Food safety mistakes can easily be avoided! Don’t be one of the 48 million Americans sickened by food poisoning each year. Avoid these 10 common yet dangerous food safety mistakes. Handling foods safely is much more than throwing away expired milk or washing your fruits and vegetables. While these actions are important, there are several more common food safety mistakes that can result in major consequences.
Food Safety Mistake number one: Tasting food to see if it’s still good
Never taste your food to check if it has spoiled. You can’t taste, see or even smell the bacteria that causes food poisoning, and tasting just a tiny bit of contaminated food can cause serious illness. Throw away all expired food before harmful bacteria grows.
Mistake number two: Putting cooked or ready-to-eat foods back on a plate that held raw meat
Never let raw meat, poultry or seafood touch cooked meat or any ready-to-eat foods, as this can cause cross-contamination. Foodborne pathogens from the raw meat can easily spread to ready-to-eat foods and cause food poisoning. Always use separate plates, cutting boards and utensils to keep raw meats, poultry and seafood separate from ready-to-eat foods.

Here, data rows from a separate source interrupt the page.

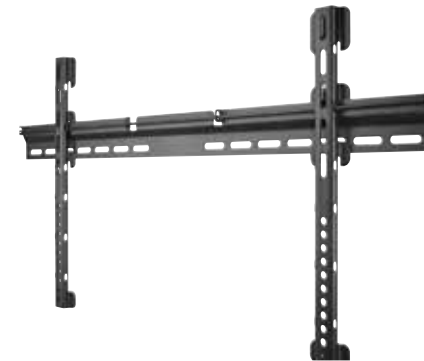

TV EasyMount XL

easy-to-install TV wall-mount bracket

- fewer parts make installation easier
- suitable for weights up to 50 kg
- distance from wall as low as 24 mm

XL

37-75" (94-190 cm)
 100x100 mm, 200x100 mm, 200x200 mm, 400x200 mm,
 300x300 mm, 400x400 mm, 600x400 mm, 800x400 mm,
 800x600 mm
 A-No. 63478

TV EasyFix Invisible

almost invisible wall-mount bracket

- minimum distance from wall as low as 10 mm
- additional TV holder for secure fit
- suitable for weights up to 40 kg

L

26-58" (66-147 cm)
 200x200 mm, 300x300 mm,
 400x200 mm, 400x400 mm

A-No. 63474

XL

37-75" (94-190 cm)
 200x200 mm, 300x300 mm,
 400x200 mm, 400x400 mm,
 600x400 mm, 800x400 mm

A-No. 63475

TV EasyFix Ultraslim

ultra low-profile wall-mount bracket

- minimum distance from wall as low as 19 mm
- additional TV holder for secure fit
- suitable for weights up to 45 kg

- for fastening to the VESA support head of a TV wall mount
- expands VESA hole intervals from 50 mm x 50 mm to 200 mm x 200 mm
- maximum load depends on the wall mount
- made of high-quality, powder-coated metal

Mistake number three: Thawing food on the counter
Never thaw food on the counter. Harmful foodborne pathogens multiply rapidly when foods are in the danger zone between 40°F and 140°F. Instead, always thaw foods in the refrigerator, cold water or in the microwave.
Mistake number four: Washing meat or poultry. Washing and rinsing will not remove any bacteria from these products, but, in fact, will spread bacteria around the kitchen. Bacteria can aerosolize under running water and move up to three feet away. Only wash raw fruits and vegetables, and wash them every time.
Mistake number six: Letting food cool down before you put it in the refrigerator. The fridge is designed to cool food down rapidly to reduce bacterial growth. Transfer food to a shallow containers, using several if you are cooling a large amount, and put in the fridge within a few minutes.
Mistake number six: Eating raw ingredients cookie dough, cake batter, and other foods containing cooked eggs (and flour). Raw eggs can harbor pathogenic bacteria such as Salmonella. And last year, an E. coli O121 and O26 outbreak was linked to General Mills flour.
Mistake number seven: Marinating meat or seafood on the counter. Pathogenic bacteria grow rapidly in the danger zone of 40°F to 140°F. And if a consumer uses the same marinade on raw and cooked meats or raw vegetables, it can cross-contaminate the raw foods. If you are going to use marinade again, or use it as a sauce, bring it to a full rolling boil just before serving.
Mistake number eight: Undercooking meat, poultry, seafood, and eggs. these foods should be cooked to safe internal temperatures, and that temperature should be tested with a reliable food thermometer. Post this chart from the USDA on your kitchen cabinets for reference.
Mistake number nine: Not washing your hands before you eat or prepare food. Wash your hands with water water and soap for 20 seconds before and after handling food. Be sure to wash your hands after you go to the bathroom and after handling raw meats, seafood, poultry, and eggs.
Finally, mistake number ten: Not replacing sponges and dish rags. Those items can hold pathogenic bacteria for days and they can be a serious health risk. Sanitize your sponges every other day and replace them every week or two.